|Title:||Promoting School Belongingness and Academic Performance: A Multisite Replication Trial of a Scalable Student Mindset Intervention|
|Principal Investigator:||Borman, Trisha||Awardee:||American Institutes for Research (AIR)|
|Program:||Social and Behavioral Context for Academic Learning [Program Details]|
|Award Period:||4 years (07/01/2018 - 06/30/2022)||Award Amount:||$2,811,594|
|Goal:||Efficacy and Replication||Award Number:||R305A180220|
Co-Principal Investigator: Borman, Geoffrey
Purpose: The purpose of this study is to test the efficacy of a brief writing exercise designed to promote school belongingness and academic performance in middle school students. This study is a direct replication of a prior IES efficacy study to understand more fully how, for whom, and under what conditions a brief, inexpensive, school belongingness mindset intervention may impact students' achievement at the transition to middle school.
Project Activities: The research team will randomly assign two cohorts of 6th grade students to complete the school-belongingness writing exercise (treatment) or a neutral writing exercise (control) two times early in their 6th grade year. The team will test both short- (end of 6th grade) and long-term (end of 7th and 8th grade) impacts of the intervention on student social-psychological, behavioral, and academic outcomes.
Products: Researchers will produce evidence of whether the positive impacts of a brief mindset writing intervention to promote school belongingness at the transition to middle school can be replicated in a different geographic setting with a different student population to support generalizability of findings. The researchers will disseminate findings through peer-reviewed publications and other reports shared via institutional websites, e-newsletters, and social media.
Setting: This study will take place in two school districts in Texas with a large number of economically disadvantaged students (greater than 50 percent) and relatively large minority student populations (30-60 percent Hispanic and 8-40 percent African American).
Sample: The sample for this study includes approximately 6,000 6th grade students across 12 middle schools.
Intervention: The intervention is a 15-minute reading and writing exercise that students complete in class. Students are asked to read the results of a fictitious survey, along with illustrative quotes, from the current 7th grade students in their school and the academic and social challenges they faced. The survey and quotes indicate that these students felt they didn't fit in or belong in 6th grade but that now as 7th graders almost all feel they fit in and belong. Students are asked to reflect on the survey by writing about why 6th graders like themselves might worry at first about fitting at school but feel more sure over time in an effort to help them internalize the message of the intervention.

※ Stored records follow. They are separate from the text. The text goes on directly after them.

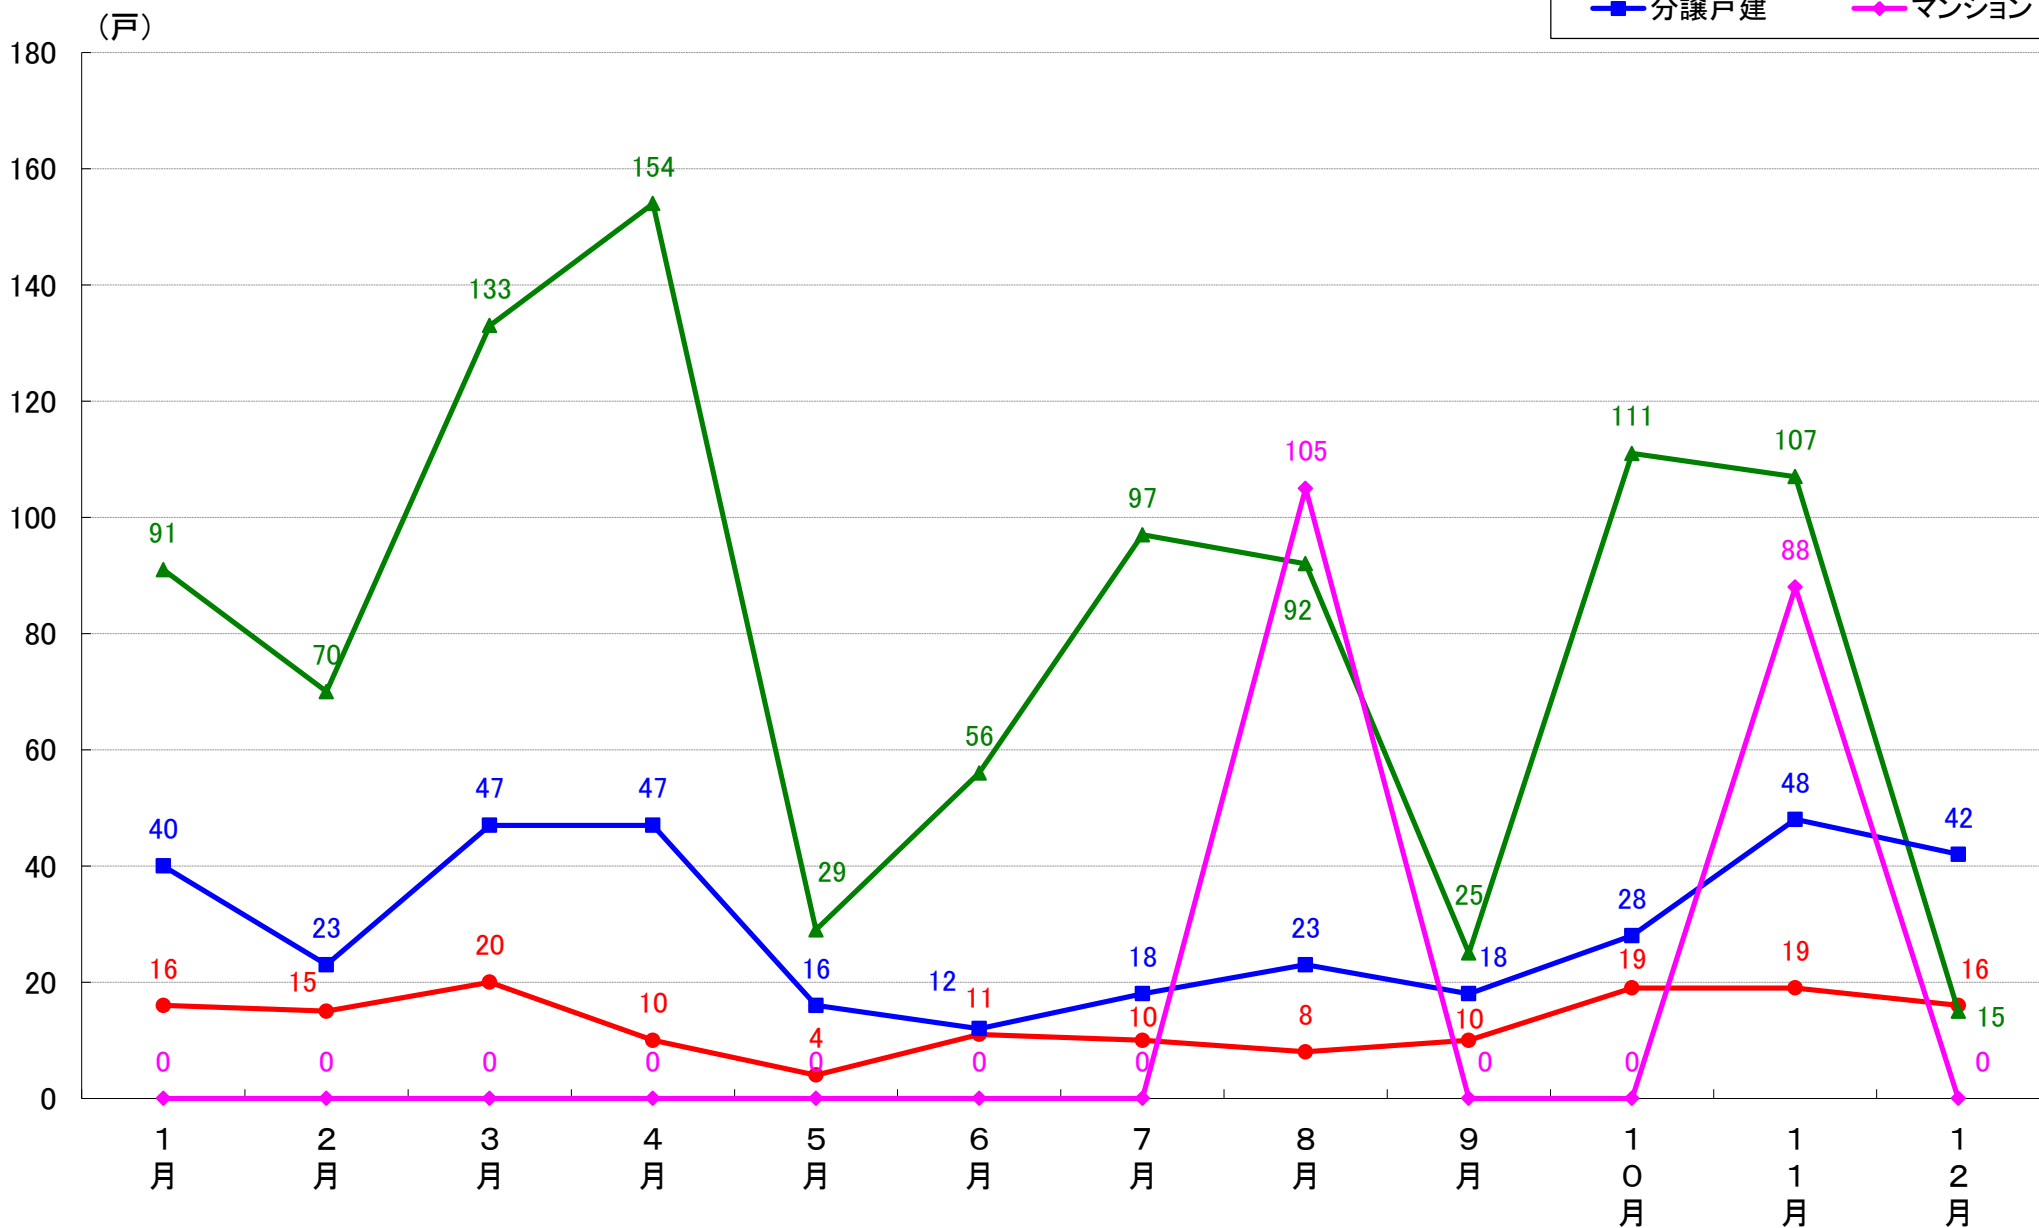

横浜市緑区 着工戸数推移

横浜市瀬谷区 着工戸数推移

横浜市栄区 着工戸数推移

横浜市泉区 着工戸数推移

横浜市青葉区 着工戸数推移

横浜市都筑区 着工戸数推移

川崎市 着工戸数推移

川崎区 着工戸数推移

川崎区幸区 着工戸数推移

川崎市中原区 着工戸数推移

川崎市高津区 着工戸数推移

川崎市多摩区 着工戸数推移

川崎市宮前区 着工戸数推移

川崎市麻生区 着工戸数推移

相模原市 着工戸数推移

相模原市緑区 着工戸数推移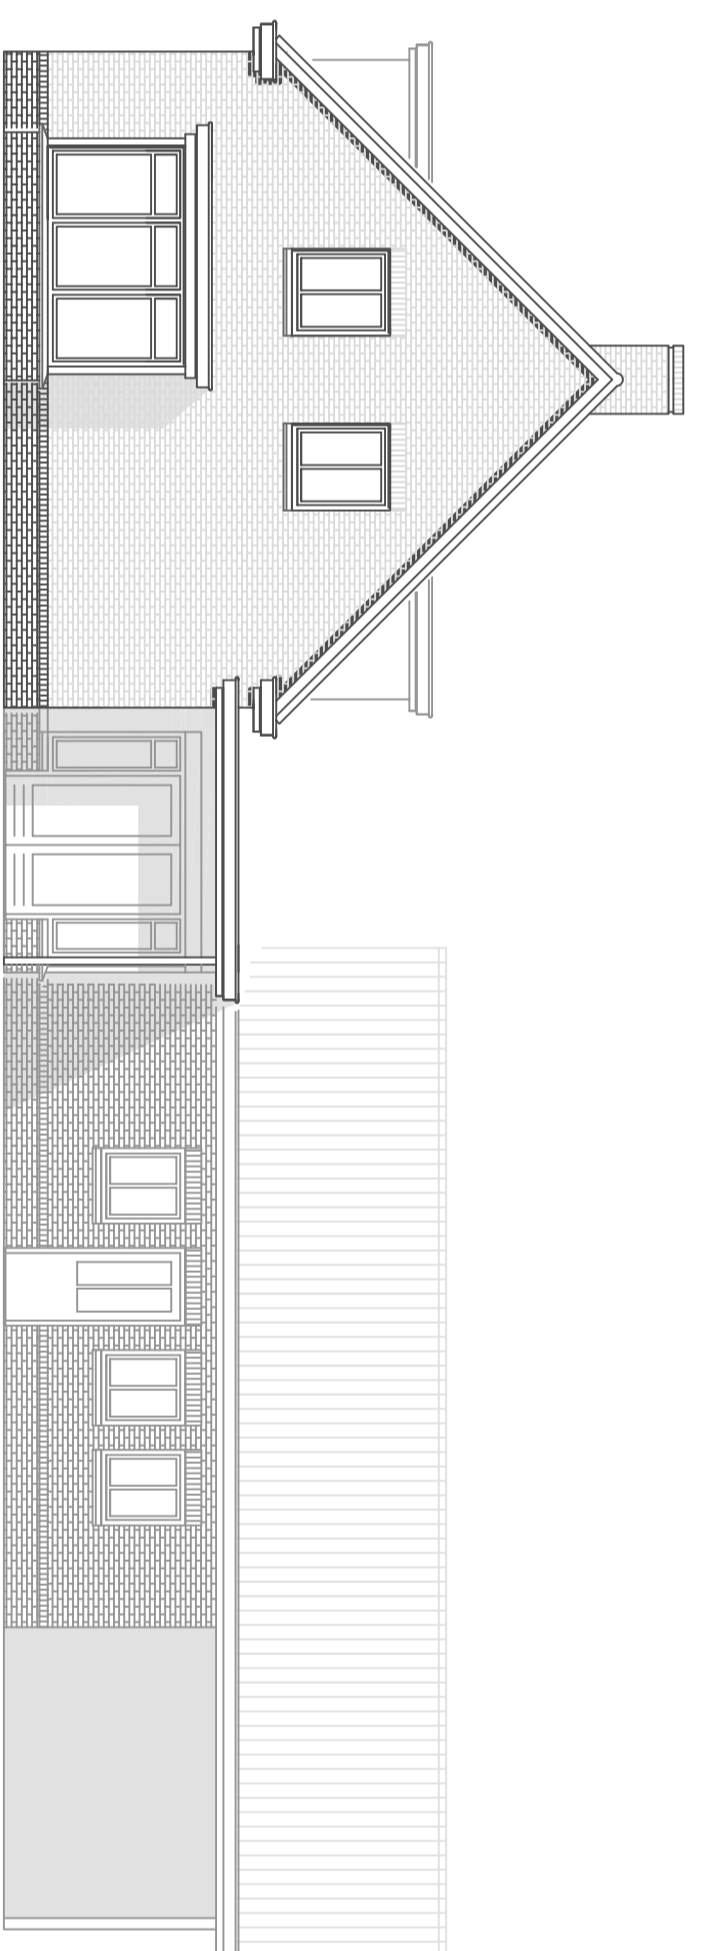

LINKER ZIJGEVEL

VOORGEVEL

KOPGEVEL RECHTS

ACHTERGEVEL

DOORSNEDEN

Situatie gemeente Horst
Sectie H nummer 750
Schaal 1:1000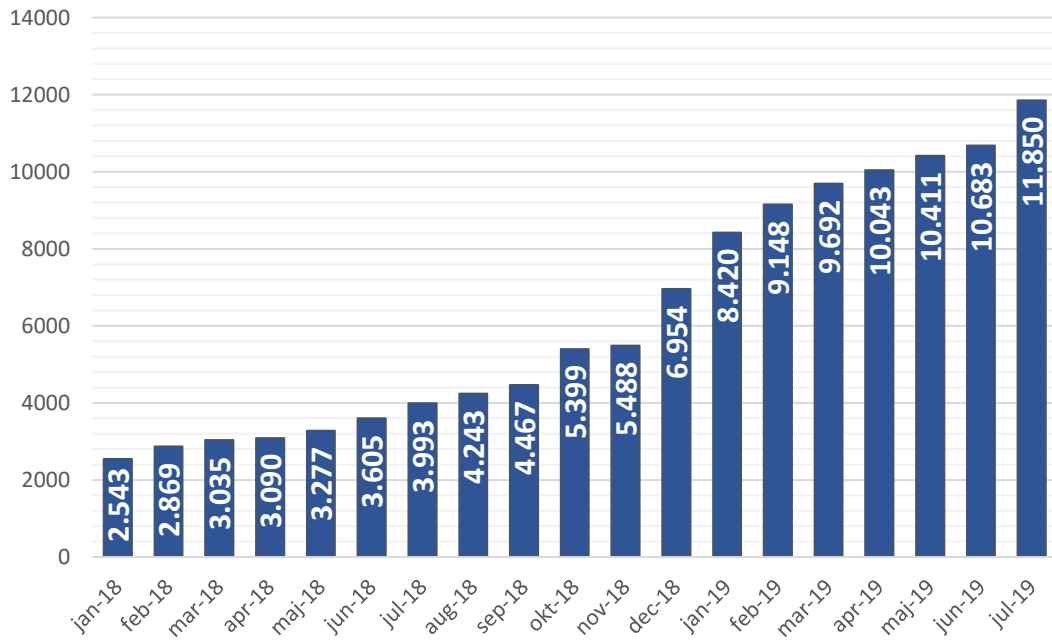

Udlån pr. måned på eReolen Global

Udlån pr. år på eReolen Global

Unikke brugere - eReolen Global

Unikke brugere pr år - eReolen Global

Titler - eReolen Global

Reservationer pr md. - eReolen Global

eReolen Global: Andel af udlån og titler fordelt på kategori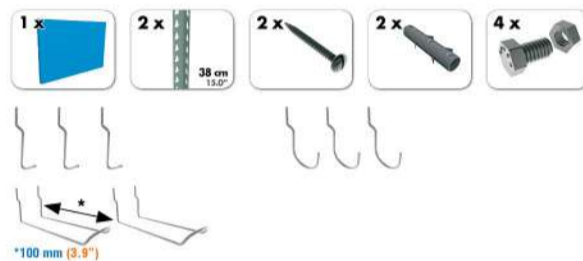

2 KIT PANELCLICK + 8 HOOKS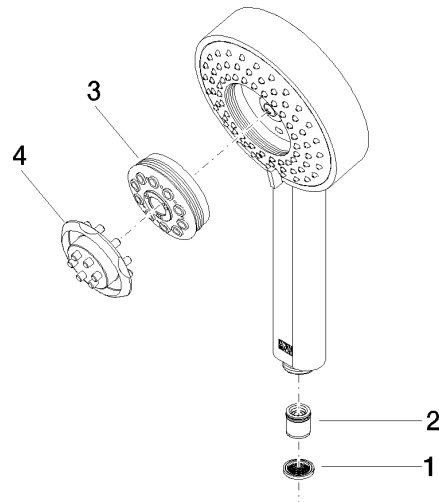

28 012 979

- A quattro regolazioni: COMPACT RAIN, COMPACT SOFT FLOW, COMPACT AQUAPRESSURE FLOW, COMPACT CASCADE, portata max. 15 l/min (a 3 bar)
- con sistema anticalcare
- Soffione Ø 120mm
- ingresso 1/2"

Sistema di sicurezza antiriflusso.

Compatibile con: IMO, LULU, MADISON, MEM, TARA, CL.1, LISSÉ, VAIA, META, CYO

	Light Gold	28 012 979-26
	Cromato	28 012 979-00
	Cromato	28 012 979-00 0010
	Platinato spazzolato	28 012 979-06
	Platinato spazzolato	28 012 979-06 0010
	Platinato	28 012 979-08 0010
	Platinato	28 012 979-08
	Dark Chrome	28 012 979-19
	Dark Chrome	28 012 979-19 0010
	Light Gold	28 012 979-26 0010
	Light Gold spazzolato	28 012 979-27 0010
	Light Gold spazzolato	28 012 979-27
	Ottone spazzolato (Oro 23k)	28 012 979-28
	Ottone spazzolato (Oro 23k)	28 012 979-28 0010
	Nero opaco	28 012 979-33 0010
	Nero opaco	28 012 979-33
	Bronzo spazzolato	28 012 979-42 0010
	Bronzo spazzolato	28 012 979-42
	Champagne spazzolato (Oro 22k)	28 012 979-46
	Champagne spazzolato (Oro 22k)	28 012 979-46 0010
	Champagne (Oro 22k)	28 012 979-47
	Champagne (Oro 22k)	28 012 979-47 0010
	Cromo spazzolato	28 012 979-93
	Cromo spazzolato	28 012 979-93 0010
	Dark Platinum spazzolato	28 012 979-99 0010
	Dark Platinum spazzolato	28 012 979-99

Doccetta - Light Gold

IMO

28 012 979

28 012 979

mm [inches]

Diagramma di portata

Certificati

LGA_29980.

28 012 979

Parts for other
finishes can be found
here: Cromato

Elenco delle parti di ricambio

N.	Codice articolo	Denominazione	Quantità necessaria	Tempo di produzione
1	09 23 01 039 90	setaccio	1	2
2	09 23 01 046 90	valvola di non ritorno	1	2
3	04 12 11 071 00 90	doccia	1	2
4	09 30 09 022 90	chiave	1	2

Research Design and Methods: The research team will randomly assign 6th grade students within schools to test the impact of the school belongingness intervention on academic and social competencies. Two consecutive cohorts of students will receive similar writing exercise packets with identical cover sheets, and investigators, teachers, and students will be blind to condition. The two exercises are administered by classroom teachers early in the school year (September and November) in order to target students' belonging uncertainty before negative cues (e.g., report cards) can confirm a lack of belonging.
Control Condition: The control exercise is identical to the belongingness exercise except it asks students to write about neutral middle school experiences that are not related to belonging uncertainty, like dealing with a loud lunchroom and learning about politics.
Key Measures: The researchers will use school record data (state assessments, grades, attendance, disciplinary referrals) and student surveys of well-being and engagement (e.g., belongingness, self-control, evaluation anxiety, engagement, motivation, and help seeking) as the primary outcome measures. The researchers will also analyze students' written responses to assess implementation fidelity and the degree to which the message of the intervention was internalized and resulted in a reappraisal of adversity.
Data Analytic Strategy: The researchers will use a two-level multilevel model to determine the effect of the intervention on student outcomes. They will run additional analyses that model outcomes as longitudinal growth trajectories to explore mechanisms that help understand how the intervention works and to identify potential contextual differences across schools related to treatment heterogeneity. In addition, the team will use the "ingredients method" to estimate the cost to schools to implement the intervention.